Extract the stretch of lines that starts at the line with "Le vert en ton sur ton !" and ends at the last line of the data below. Give it exactly, without pictures.

[[ Listed entries, beginning ]]

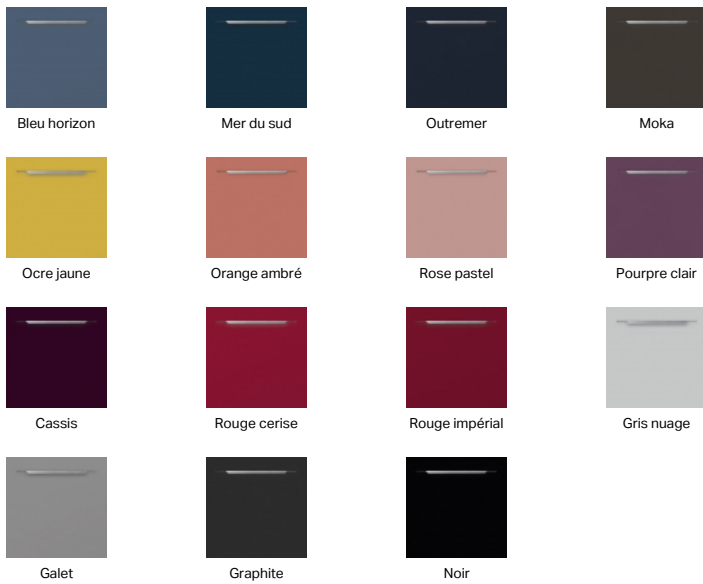

Glossy vert amande brillant

COLLECTION UNIQUE

À PARTIR DE : 2685€

Le vert en ton sur ton !

Couleurs et Matières

Façades laquées : Sweet (satiné) / Glossy (brillant) / Soft (mat) avec poignée Cosy chromé brillant

Blanc ultra

Blanc

Argile

Grège

Taupe

Vert aloé

Vert amande

Bleu émeraude

Façades laquées : Satin (satiné) / Intense (brillant) / Velours (mat) avec prise de main intégrée

Façades GLOSSY laque vert amande

Glossy vert amande brillant constitué de

Implantation L121 x P46 cm

COMPRENANT :
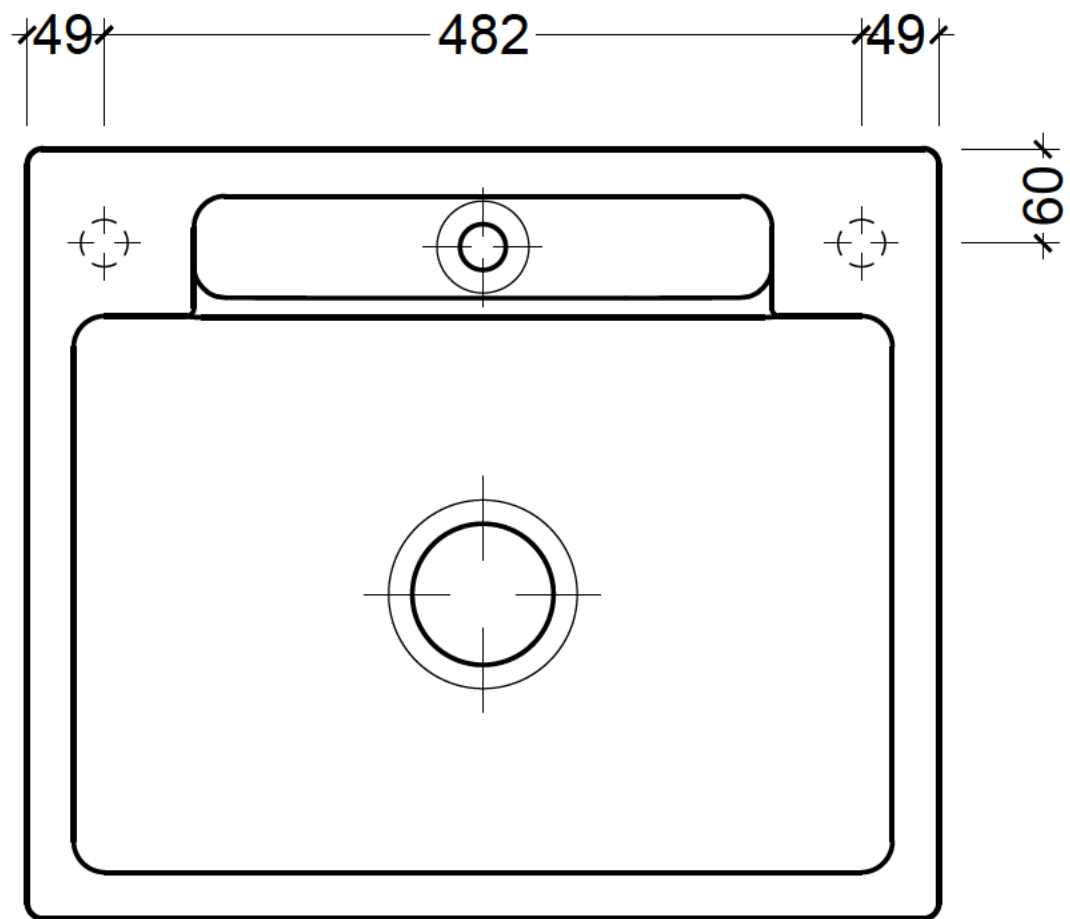

<p>SILUET 60 S 3346 0F</p>	
<p>V01 / 20.08.2019</p>	<p>Villeroy & Boch 1748</p>

Spüle - SILUET 60 S flächenbündig

Art. 3346 0F

[[ Listed entries, end ]]

Written response ▸
Le vert en ton sur ton !

Couleurs et Matières

Façades laquées : Sweet (satiné) / Glossy (brillant) / Soft (mat) avec poignée Cosy chromé brillant

Blanc ultra

Blanc

Argile

Grège

Taupe

Vert aloé

Vert amande

Bleu émeraude

Façades laquées : Satin (satiné) / Intense (brillant) / Velours (mat) avec prise de main intégrée

Façades GLOSSY laque vert amande

Glossy vert amande brillant constitué de

Implantation L121 x P46 cm

COMPRENANT :

<p>SILUET 60 S 3346 0F</p>	
<p>V01 / 20.08.2019</p>	<p>Villeroy & Boch 1748</p>

Spüle - SILUET 60 S flächenbündig

Art. 3346 0F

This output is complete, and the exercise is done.